Sunday, April 21, 2024

Passionate

 

On Page 82 of his book, The Passionate State of Mind, Eric Hoffer has two entries which I quote and comment on.

 

Hoffer: “          144

 

Men of strong passions are usually without compassion. The feeling for others is a ‘wee small voice’ that makes itself heard only in the quiet of an inner equilibrium. The passion for humanity even is not infrequently lacking in humanity.”

 

My response: By accident, Hoffer and I agree on so much. I have long believed that reasoning more than feeling leads to clear thinking, good decisions and acting in concert with one’s healthy, operative moral sense.

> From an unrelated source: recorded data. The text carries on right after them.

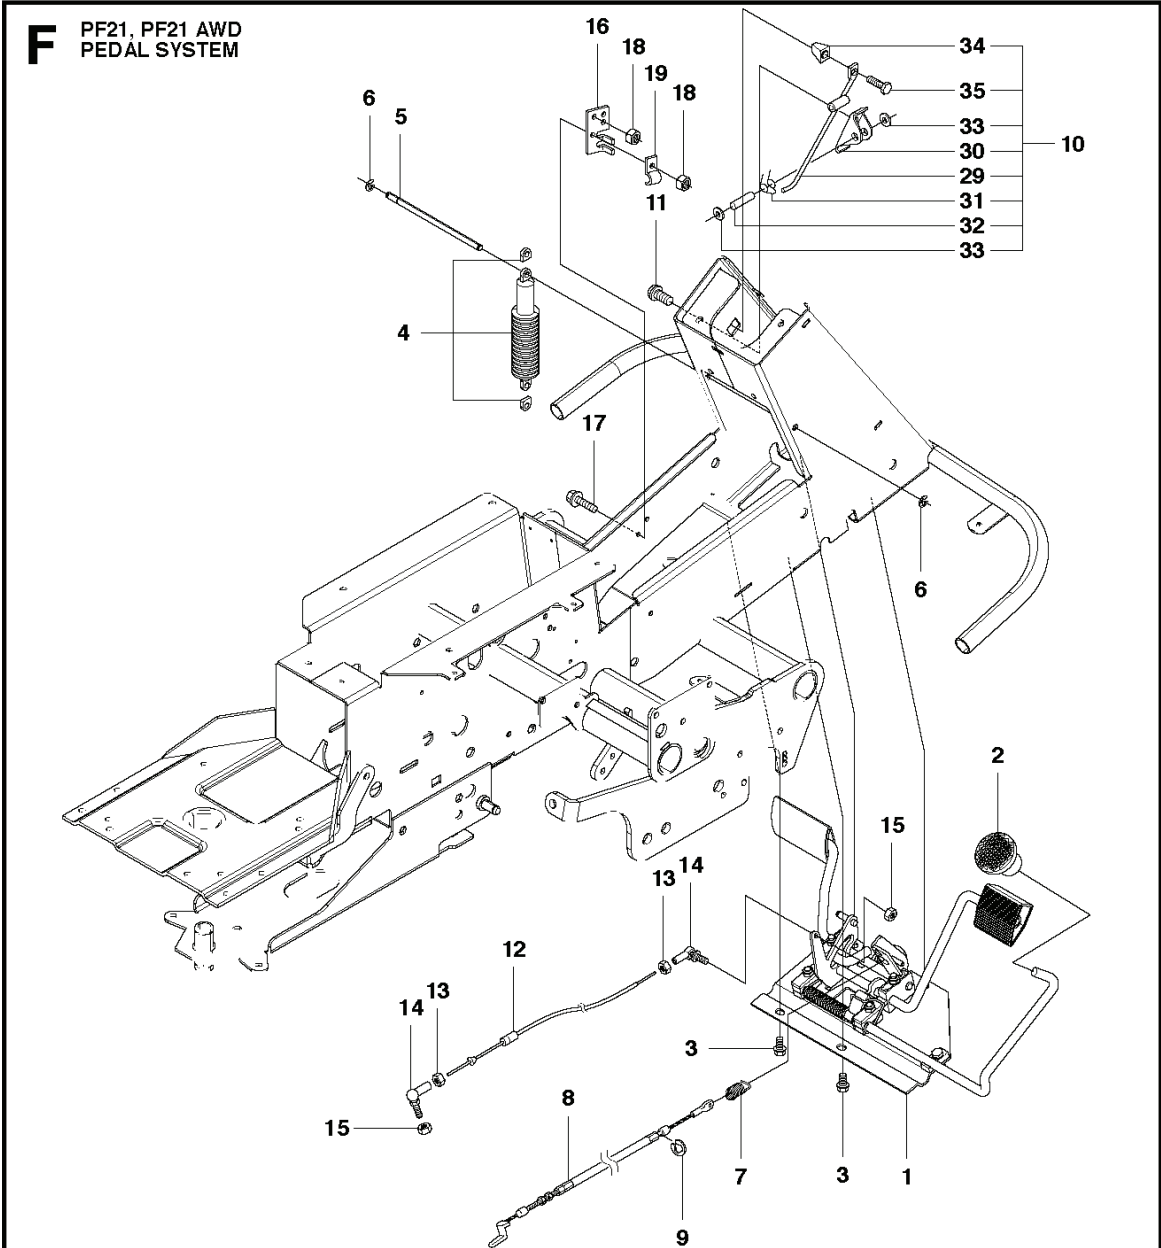

F PF21, PF21 AWD
PEDAL SYSTEM

REF.	PART NO.	DESCRIPTION	REMARK	QTY.	KIT
1	544126001	PEDAL PLATE ASSY		1	
2	535473701	KNOB		1	
3	506570104	SCREW EHHFM		4	
4	506938301	DAMPING PIECE		1	
5	506938402	SHAFT		1	
6	735310920	E-CLIP		2	
7	506946301	BRAKE SPRING		1	
8	506992702	CABLE	PF21	1	
8	576712101	BRAKE WIRE	PF21 AWD	1	
9	735310920	E-CLIP		1	
10	506538404	BROMSSPÄRR KPL. GEM.		1	
11	725236461	SCREW EHHFT		2	
12	574411201	CONTROL CABLE		1	
13	731231401	HEXAGON NUT		2	
14	506557301	VINKELLAS8 DIN71802		2	
15	732211401	LOCK NUT		2	
16	506800001	BRACKET		1	
17	535475316	SCREW EHHFM		2	
18	732211401	LOCK NUT		2	
19	506566501	CLIP		1	
20	738210204	BALL BEARING		1	1
21	535480201	ROLLER		1	1
22	535480601	PROTECTIVE PLATE		1	1
23	535480701	SPRING		1	1
24	535480801	BEARING SUPPORT		4	1
25	535480901	BEARING SUPPORT		5	1
26	535481001	REINFORCEMENT PLATE		3	1
27	535478801	PEDAL		1	1
28	535478802	PEDAL		1	1
29	506538501	LOCKING ARM		1	10
30	506538601	BRACKET		1	10
31	506538901	SPRING		1	10
32	506538801	SHAFT		1	10
33	735583501	WASHER		2	10
34	506538704	CONTROL BUTTON		1	10
35	729532971	SCREW CRPANT		1	10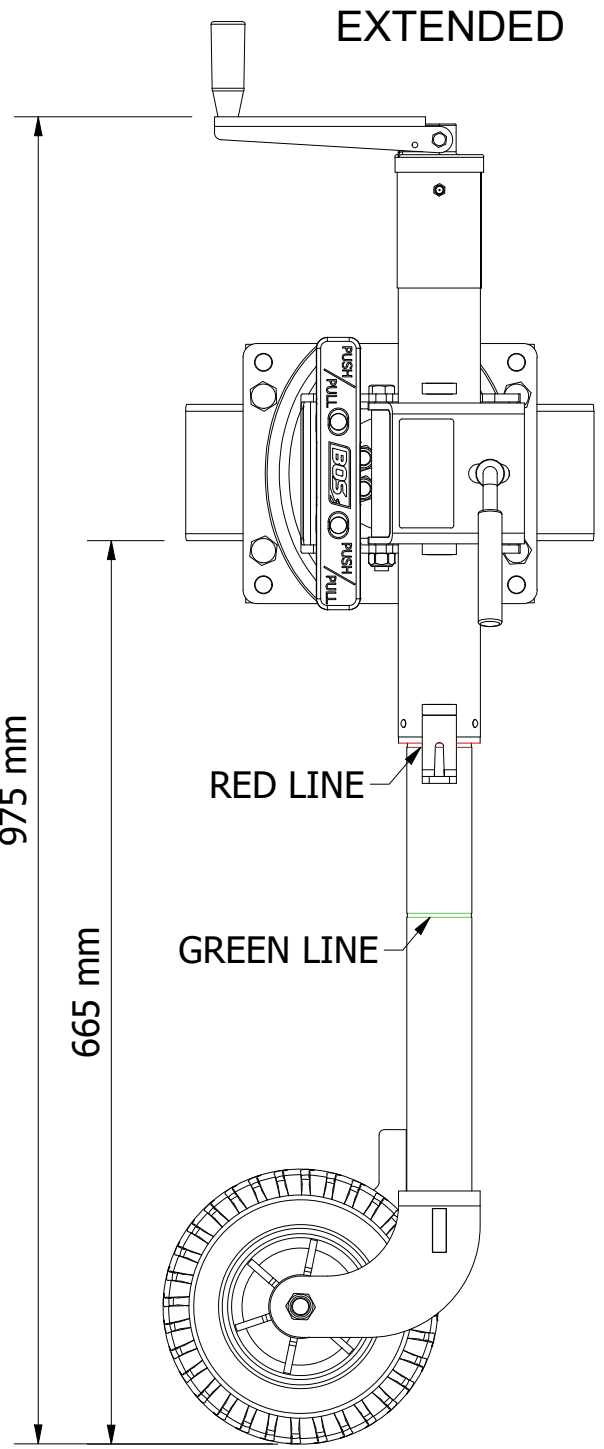

682-008

BLACK OPS WHEEL FIXED MANUAL - 8" DOUBLE OFFSET SOLID RUBBER WHEEL WITH SWING AWAY

Travel made easy

682-008

# BLACK OPS WHEEL FIXED MANUAL - 8" DOUBLE OFFSET SOLID RUBBER WHEEL WITH SWING AWAY

SPECIFICATIONS - KEY FEATURES

*Travel made easy* 

682-008

# BLACK OPS WHEEL FIXED MANUAL - 8" DOUBLE OFFSET SOLID RUBBER WHEEL WITH SWING AWAY

EXTENSION DETAILS - MIDDLE LUG POSITION

TRAVEL POSITION

RETRACTED

EXTENDED

MOVING AROUND

Travel made easy

682-008

# BLACK OPS WHEEL FIXED MANUAL - 8" DOUBLE OFFSET SOLID RUBBER WHEEL WITH SWING AWAY

MAXIMUM LIFT DETAILS

Travel made easy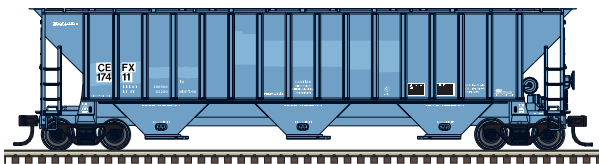

*\*CSX Licensed Product*

**N**  
SCALE

**ATLAS TRAINMAN® N THRALL 4750 COVERED HOPPER**

Ordering: <https://shop.atlasrr.com/d-508-november-2018-n-scale-asmc.aspx>

North American Car

State of Alaska

CIT Group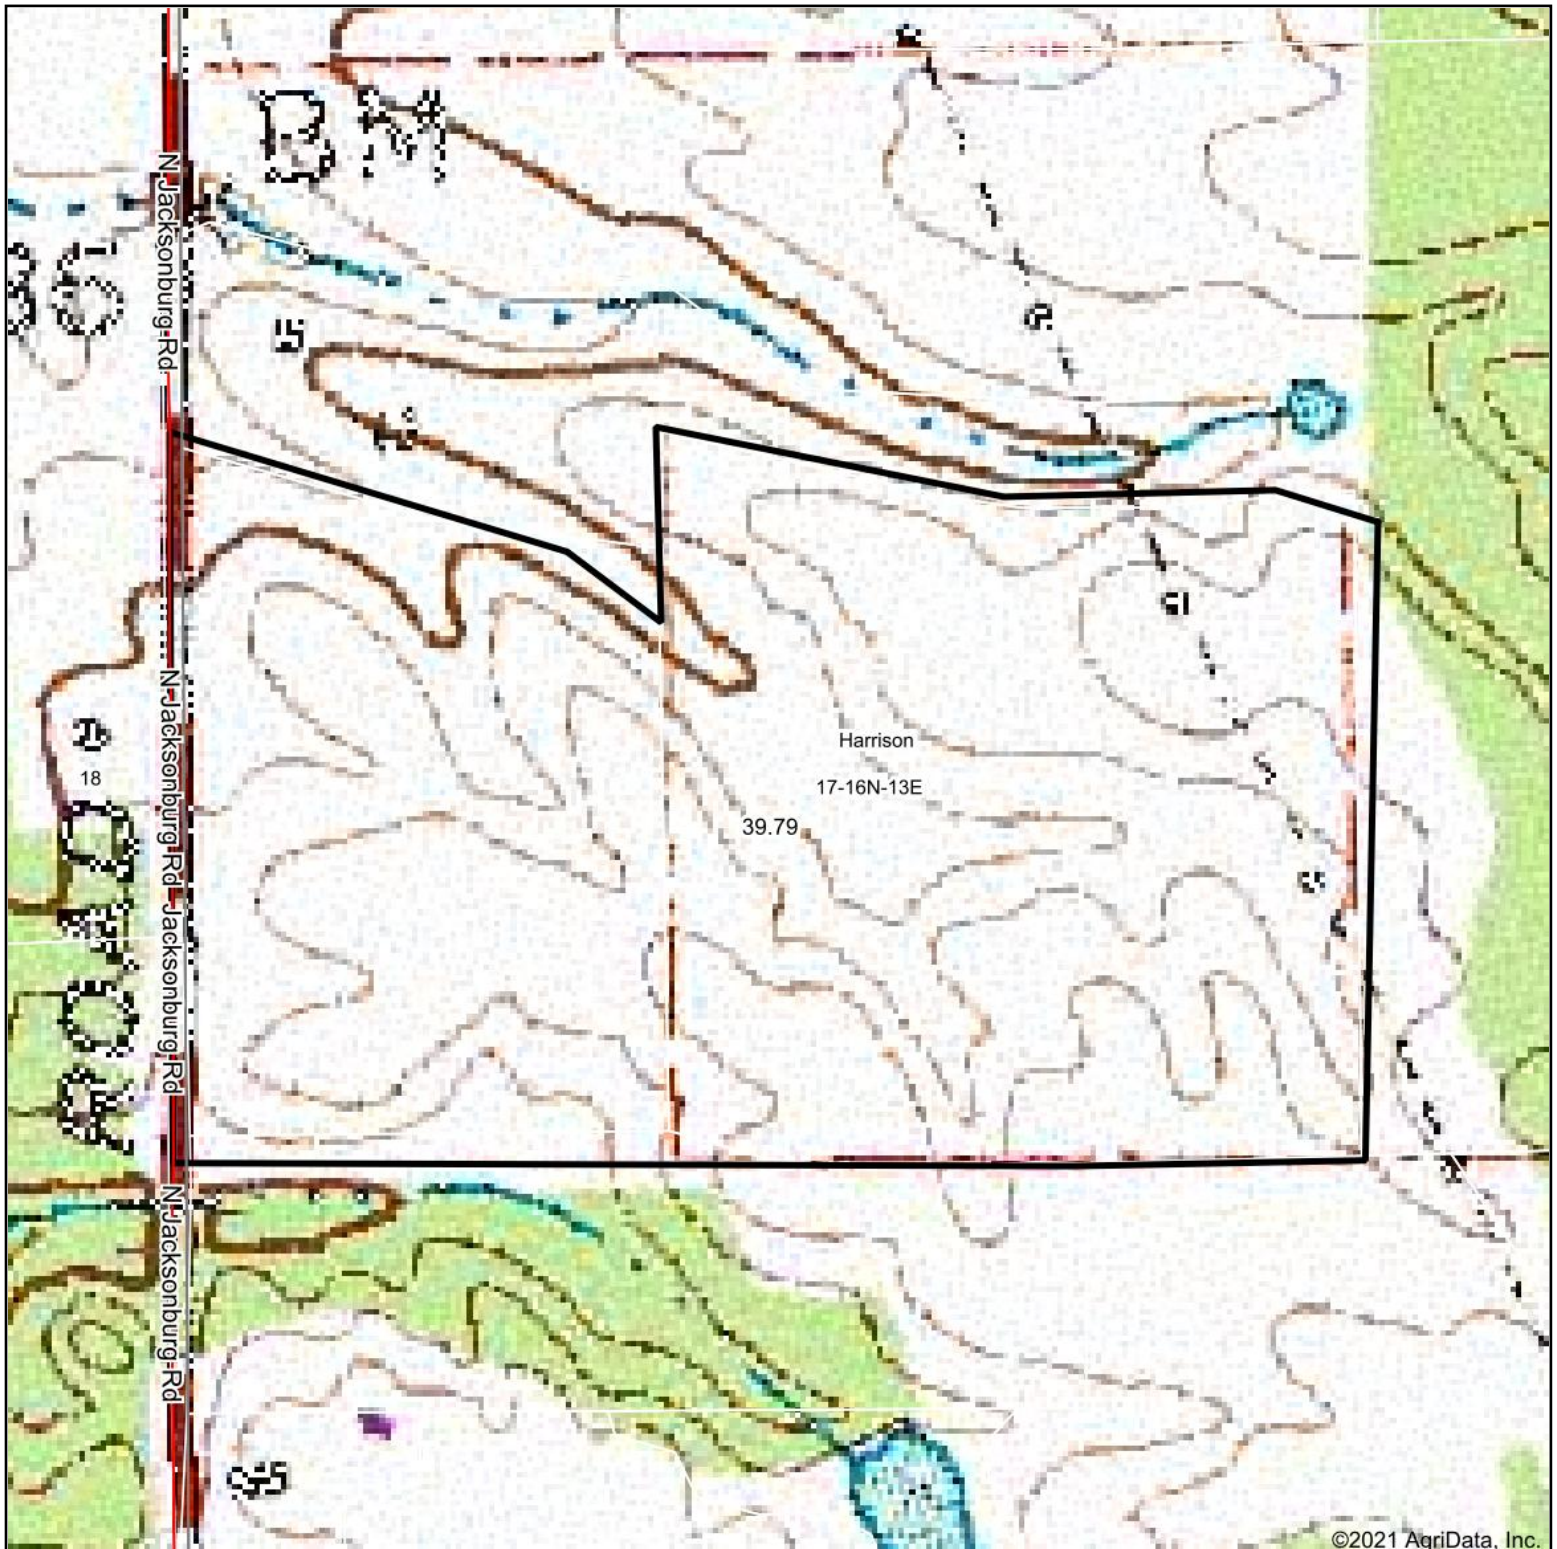

Topography Map

map center: 39° 50' 7.52, -85° 6' 17.47

17-16N-13E
Wayne County
Indiana

Maps Provided By:

CUSTOMIZED ONLINE MAPPING
© AgriData, Inc. 2021 www.AgriDataInc.com

1/22/2021

Feeling is important, but passionate operating too often speak of a fanatic, both cruel, hateful, and living lies.

 

The moderate feeling about others, life, reality and how to proceed is revealed to one from benevolent, divine sources, of moderate intent.

 

The individual that is dispassionate and modest in expression and behavior is likely compassionate, while the theatrical, loud, screecher is passionate but without kindness.

 

 

Hoffer: “          145

 

To be fruitful, an enthusiasm should be but as a condiment. Pride in our country and race, dedication to justice, freedom, mankind, etc., must never be the main content of our lives, but an accompaniment and an accessory.”

 

My response: Hoffer is an ethical moderate, and he disavows enthusiasm, fanaticism, true believer-ship, joining a mass movement, group-living (implied), wide-open dedication to an adopted holy cause.